Динара схватила меня за руку и, усиленно работая локтями, протащила сквозь толпу. Нам открылся вид на Северную площадь, где было настоящее светопреставление. Я никогда в своей жизни не видела столько девушек. Красивые и не очень, совсем молоденькие и уже зрелые девицы, визжали так, что закладывало уши, и тянули руки куда-то вперед. За всем этим гамом едва угадывалось, еле слышное пение довольно фальшивых голосов: Плакала береза, красными листами, Плакала осина кровавыми слезами…
–Что они поют? – смутилась я.
–Какая к черту разница? – заорала мне в лицо Динара. – Главное их послушаем!
Толкаясь и ругаясь, как сапожники, мы с трудом протиснулись сквозь толпу. Сценой оказались две телеги, соединенные вместе, голоса у певцов тихие, подкрашенные для громкости простейшим заклинанием, запах которого витал вокруг. "Баянов" оказалось четверо, худые и длинные как жерди с новенькими дорогими лютнями в руках. Не смотря на всю их смазливость, мне показалось, что на Динаркином лубяном свитке художник смог-таки уловить суть их лиц. Долго и напряженно прислушиваясь, я поняла, что один из них играет не в такт.
–Я что ради этого в такую рань вставала? – возмутилась я. – Пойдем лучше на лучников посмотрим!
–Дура ты, Аська! – скривилась подруга. – Ты посмотри, какие женихи знатные! Да тебе все девки в городе завидовать будут, глядя на такого парня!
Я хотела было возмутиться и объяснить ненормальной кто из нас дура, но не успела. Какая-то особенно влюбленная и поэтому наглая девица, потеряв остатки стыда, решила забраться на телегу, дабы потрогать предмет своего восторга. Глядя на нее, разгоряченная, орущая толпа совершенно озверела, вся женская масса начала наступать на бедных певцов, пытаясь оторвать кусочек их одежды или, на худой конец, вырвать из рук лютню, как военный трофей.

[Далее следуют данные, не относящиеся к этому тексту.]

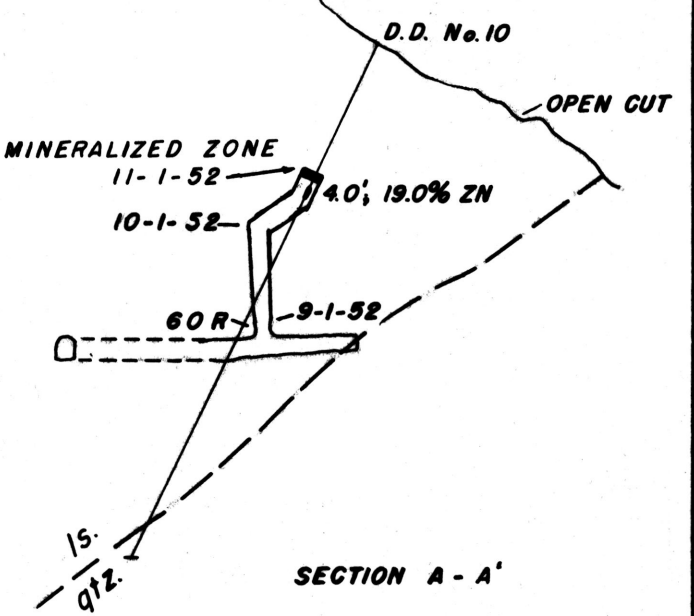

SAN PABLO

HERRERA

DMA 399 X  
ABRIL MINE  
TURQUOISE MINING DISTRICT  
COCHISE COUNTY, ARIZONA

SCALE: 1" = 100'

LA HERMOSA

LIMESTONE  
QUARTZITE

QUARTZITE  
GRANITE

SECTION A - A'  
SCALE: 1" = 100'

Mineralized zone

Парни побледнели и сбились в кучку, такой горячей любви они, явно, не желали. От особо надоедливых и прытких поклонниц отбивались ногами. В это время на телегу забрался толстый гном в невообразимом разноцветном полушубке, из-под которого торчали ярко-желтые порты. Он приложил маленькие ухоженные ручки к лоснящимся упитанным щекам и заголосил тонким голосом: "Стража! Стража! Касатиков убивают!" Стража, конечно же, не появилась, а его голос сошел на "нет", когда какая-то девчонка-малолетка схватилась его за штанину и попыталась вырвать лоскут. "Дура! – заорал гном басом. – Я всего лишь импресарио, на них одежду рви!" – он ткнул пальцем в своих питомцев.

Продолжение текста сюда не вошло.